I have a DataFrame of books that I removed and reworked some information. However, there are some rows in the column "bookISBN" that have duplicate values, and I want to merge all those rows into one.
I plan to make a new DataFrame where I keep the first values for the url, the ISBN, the title and the genre, but I want to sum the values of the column "genreVotes" in order to create the merge.
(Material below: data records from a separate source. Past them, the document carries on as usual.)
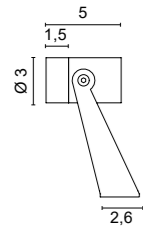

VISION 1

4529

0,20 Kg

.34	Painted Corten	■
.39	Painted Anthracite	■
.45	Anodized Aluminium	■

/W	4000K	/11	/25	/45	LED 1,5W 500mA	180lm
/WW	3000K	/11	/25	/45	LED 1,5W 500mA	162lm
/XW	2700K	/11	/25	/45	LED 1,5W 500mA	153lm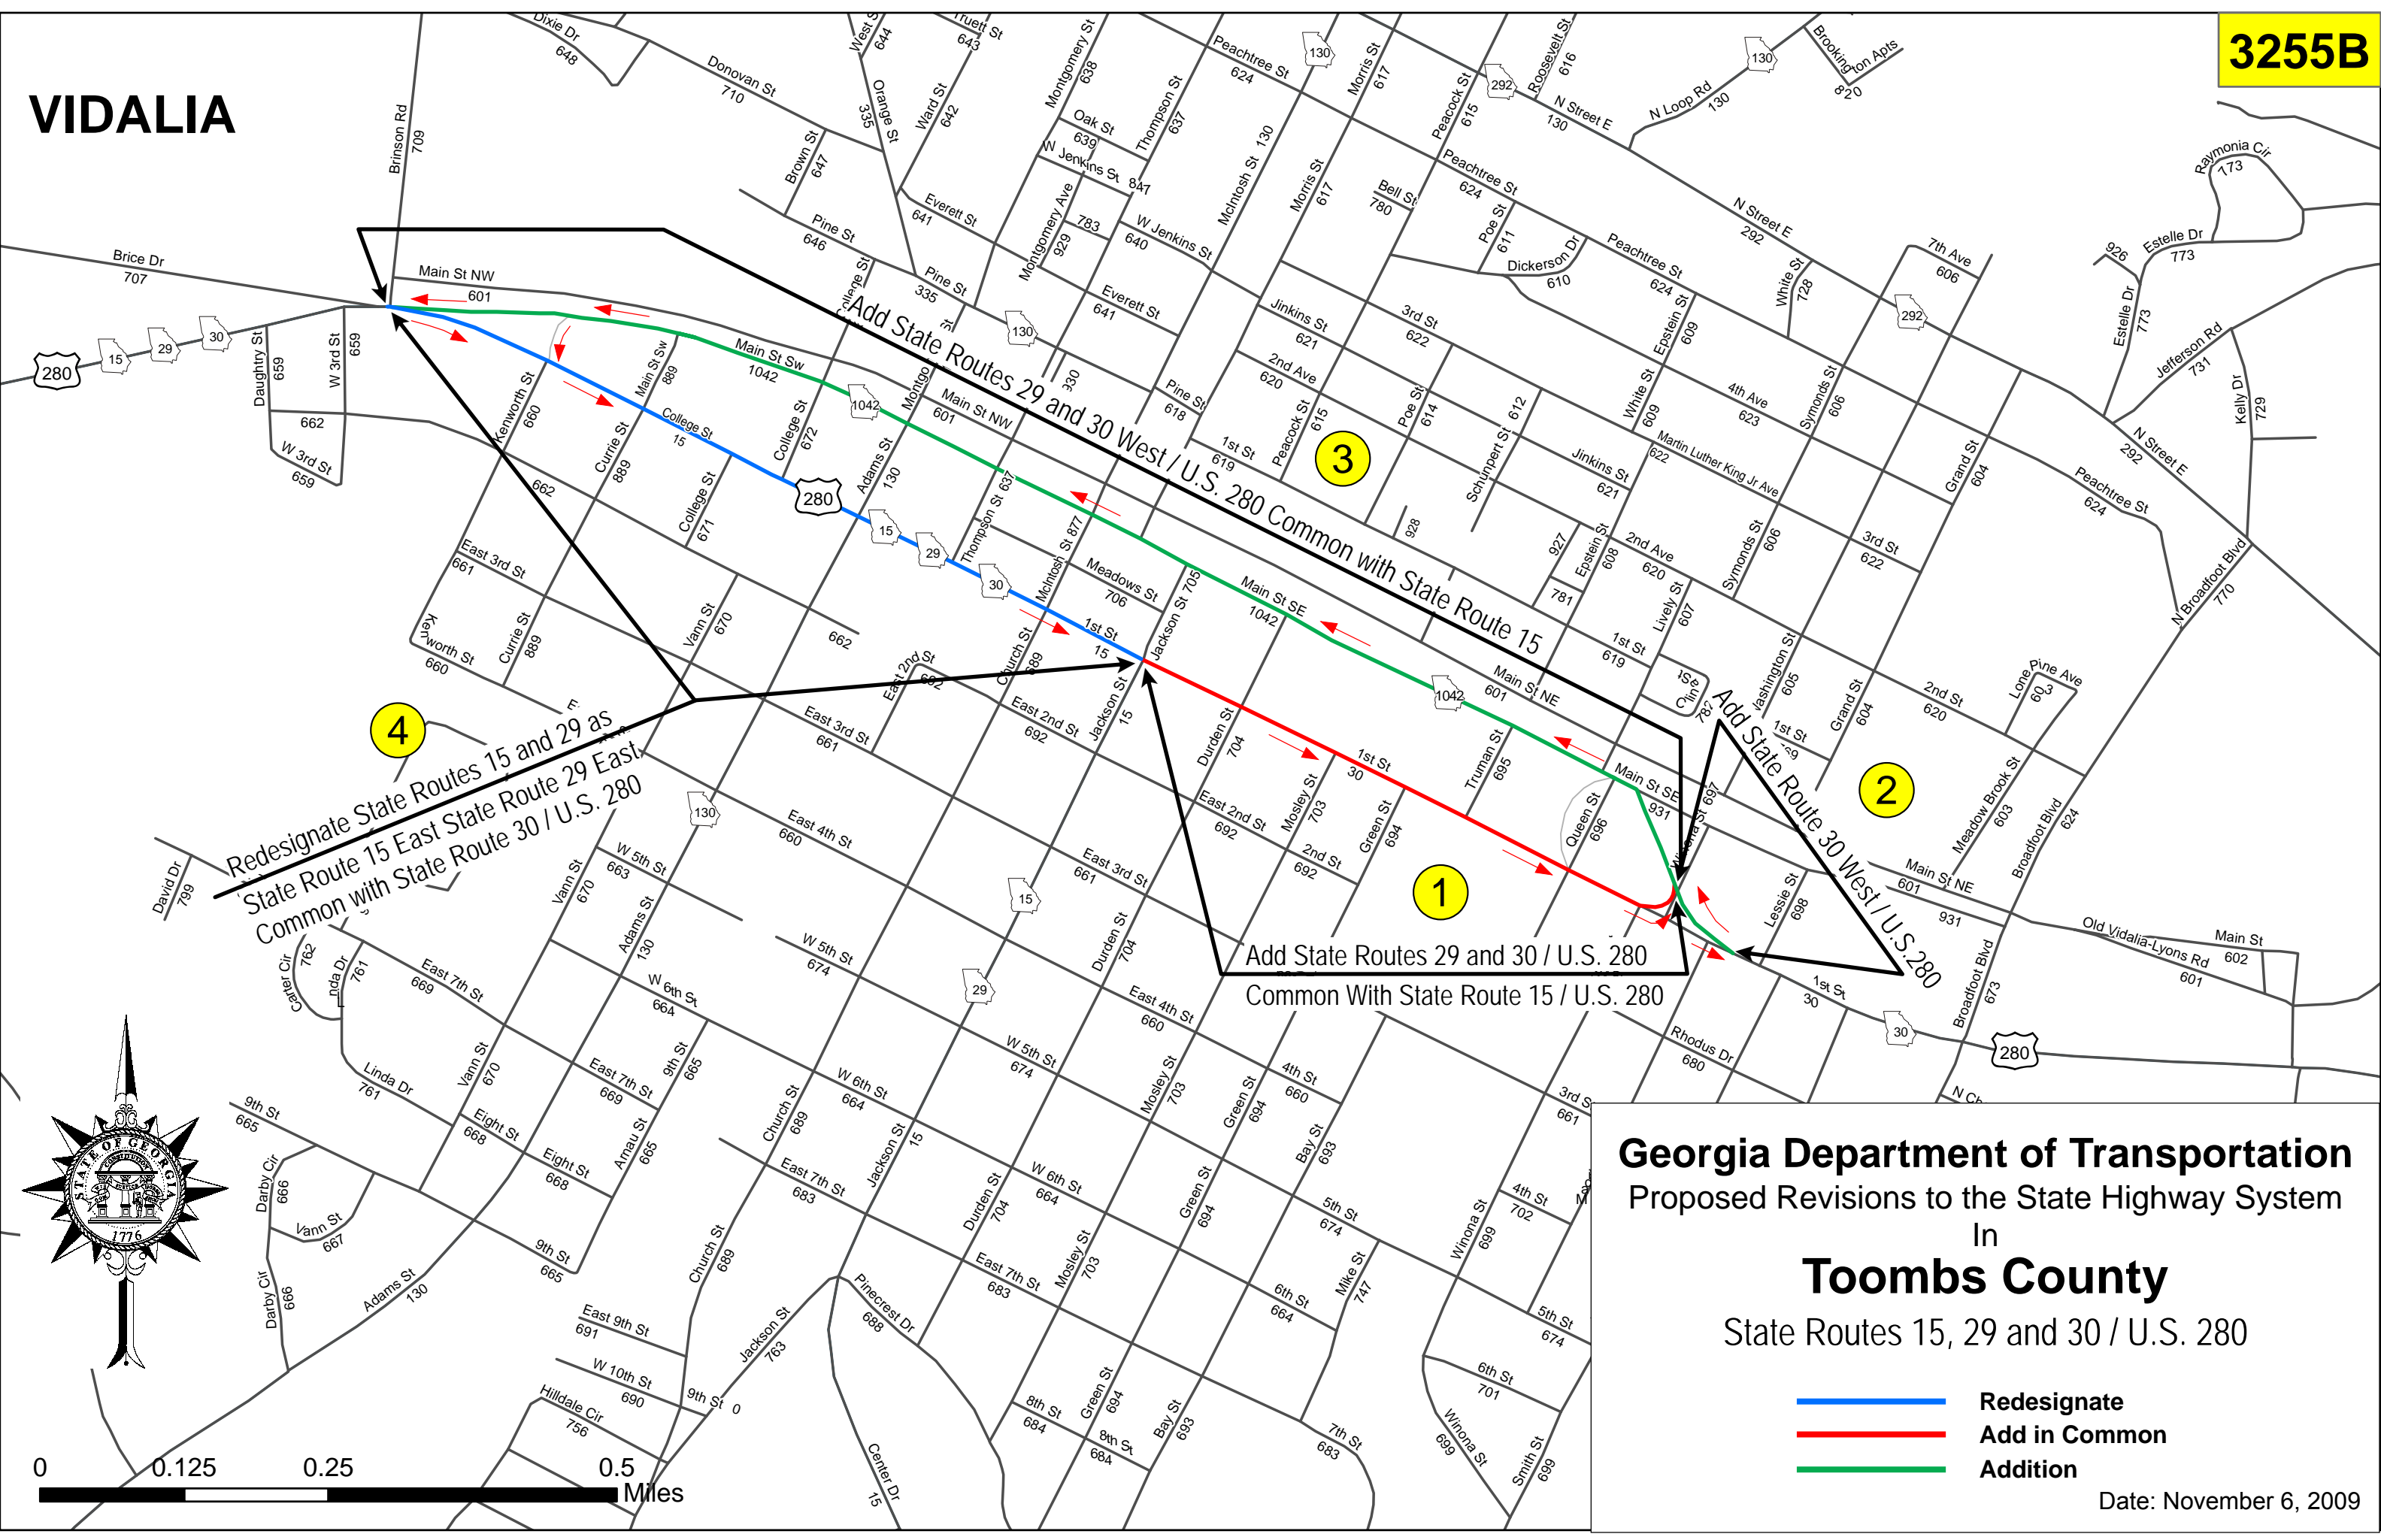

VIDALIA

Redesignate State Routes 15 and 29 as
State Route 15 East State Route 29 East
Common with State Route 30 / U.S. 280

Add State Routes 29 and 30 West / U.S. 280 Common with State Route 15

Add State Routes 29 and 30 / U.S. 280
Common With State Route 15 / U.S. 280

Add State Route 30 West / U.S. 280

Georgia Department of Transportation
Proposed Revisions to the State Highway System
In
Toombs County
State Routes 15, 29 and 30 / U.S. 280

- Redesignate
- Add in Common
- Addition

How can I do this?
Original dataframe:
In [23]: network = data[["bookTitle", "bookISBN", "highestVotedGenre", "genreVotes"]]
network.head().to_dict("list")
Out [23]:
{'bookTitle': ['The Hunger Games',
'Twilight',
'The Book Thief',
'Animal Farm',
'The Chronicles of Narnia'],
'bookISBN': ['9780439023481',
'9780316015844',
'9780375831003',
'9780452284241',
'9780066238500'],
'highestVotedGenre': ['Young Adult',
'Young Adult',
'Historical-Historical Fiction',
'Classics',
'Fantasy'],
'genreVotes': [103407, 80856, 59070, 73590, 26376]}
Duplicates:
In [24]: duplicates = network[network.duplicated(subset=["bookISBN"], keep=False)]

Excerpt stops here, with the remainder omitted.